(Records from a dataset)
"""
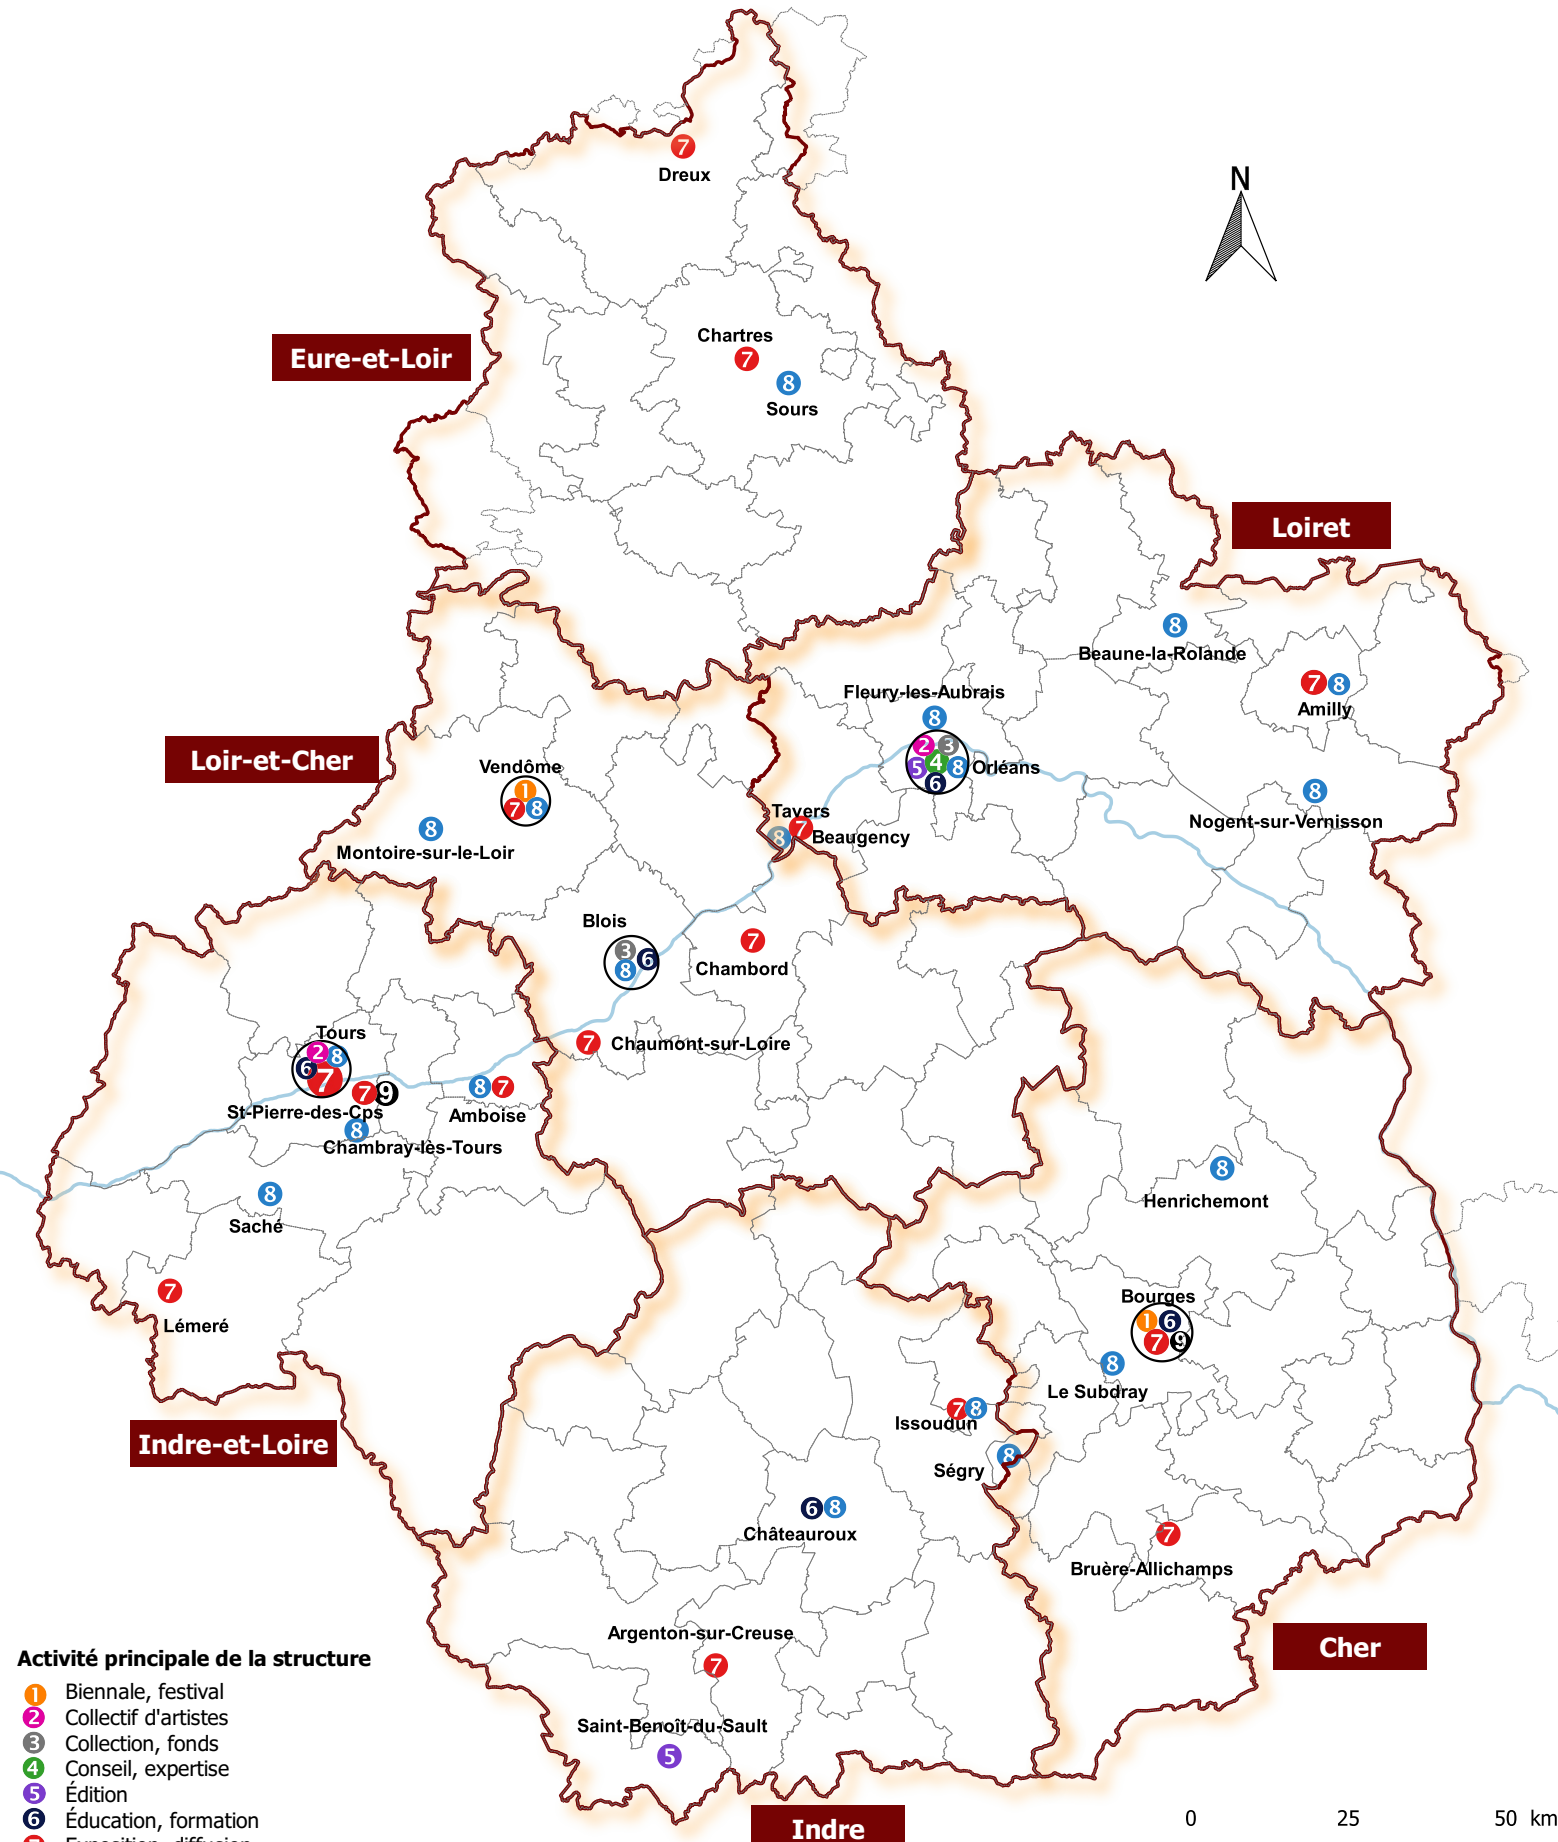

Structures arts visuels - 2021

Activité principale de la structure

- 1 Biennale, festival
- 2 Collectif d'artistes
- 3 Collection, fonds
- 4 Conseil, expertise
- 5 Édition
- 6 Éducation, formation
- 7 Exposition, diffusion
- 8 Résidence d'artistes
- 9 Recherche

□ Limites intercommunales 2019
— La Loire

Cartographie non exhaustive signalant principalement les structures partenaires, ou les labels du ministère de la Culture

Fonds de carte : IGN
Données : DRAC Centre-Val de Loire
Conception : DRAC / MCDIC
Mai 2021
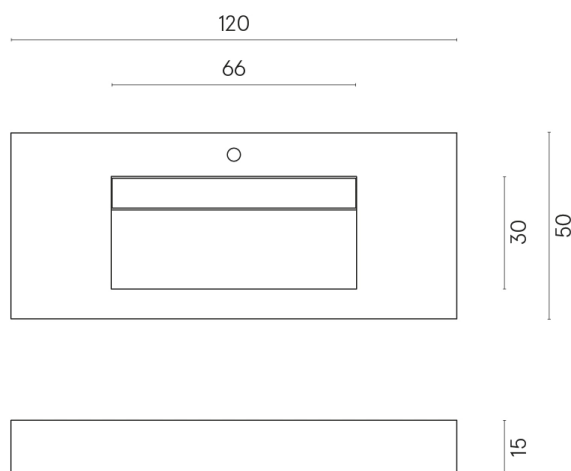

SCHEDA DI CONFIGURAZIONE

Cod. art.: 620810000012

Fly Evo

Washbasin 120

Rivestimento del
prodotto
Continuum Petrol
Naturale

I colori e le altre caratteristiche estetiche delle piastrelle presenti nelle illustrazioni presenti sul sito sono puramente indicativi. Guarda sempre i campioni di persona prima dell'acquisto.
"""
"""
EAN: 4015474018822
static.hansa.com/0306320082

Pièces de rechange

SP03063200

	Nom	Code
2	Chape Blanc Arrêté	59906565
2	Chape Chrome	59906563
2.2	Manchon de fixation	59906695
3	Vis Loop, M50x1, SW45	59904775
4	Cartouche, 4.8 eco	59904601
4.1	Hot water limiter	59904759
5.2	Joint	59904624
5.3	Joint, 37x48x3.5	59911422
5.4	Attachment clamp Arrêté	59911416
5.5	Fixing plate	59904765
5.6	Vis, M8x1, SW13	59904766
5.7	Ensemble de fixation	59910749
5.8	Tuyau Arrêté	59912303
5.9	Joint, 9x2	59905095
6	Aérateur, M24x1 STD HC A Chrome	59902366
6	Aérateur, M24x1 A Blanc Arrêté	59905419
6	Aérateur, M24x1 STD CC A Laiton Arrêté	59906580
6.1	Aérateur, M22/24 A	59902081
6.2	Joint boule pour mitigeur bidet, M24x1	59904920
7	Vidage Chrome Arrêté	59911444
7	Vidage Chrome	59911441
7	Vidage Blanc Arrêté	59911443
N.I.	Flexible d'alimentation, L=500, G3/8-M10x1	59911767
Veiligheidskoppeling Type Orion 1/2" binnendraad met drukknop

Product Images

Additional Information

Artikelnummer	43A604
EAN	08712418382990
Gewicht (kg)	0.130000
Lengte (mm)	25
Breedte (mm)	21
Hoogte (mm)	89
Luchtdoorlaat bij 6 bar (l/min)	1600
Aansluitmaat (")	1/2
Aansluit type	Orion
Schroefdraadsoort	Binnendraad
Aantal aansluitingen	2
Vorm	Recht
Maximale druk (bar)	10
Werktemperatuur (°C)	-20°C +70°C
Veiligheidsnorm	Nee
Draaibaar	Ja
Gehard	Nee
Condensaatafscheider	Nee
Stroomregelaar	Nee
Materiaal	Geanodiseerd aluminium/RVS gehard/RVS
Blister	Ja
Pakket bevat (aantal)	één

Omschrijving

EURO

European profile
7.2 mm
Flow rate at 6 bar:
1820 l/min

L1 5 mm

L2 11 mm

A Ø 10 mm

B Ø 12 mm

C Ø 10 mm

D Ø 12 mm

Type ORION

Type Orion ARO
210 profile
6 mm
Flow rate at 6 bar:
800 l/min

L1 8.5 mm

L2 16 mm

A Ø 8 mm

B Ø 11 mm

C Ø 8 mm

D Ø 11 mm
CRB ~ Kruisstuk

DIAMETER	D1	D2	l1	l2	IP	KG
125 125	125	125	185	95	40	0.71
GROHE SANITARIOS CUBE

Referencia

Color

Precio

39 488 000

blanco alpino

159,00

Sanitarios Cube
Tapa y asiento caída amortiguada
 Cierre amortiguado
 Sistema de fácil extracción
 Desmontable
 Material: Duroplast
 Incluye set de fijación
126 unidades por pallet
"""
# Exercise prompt
Respond with the number of lines in the entries that include the string "fixation", and nothing besides.

# Answer section
2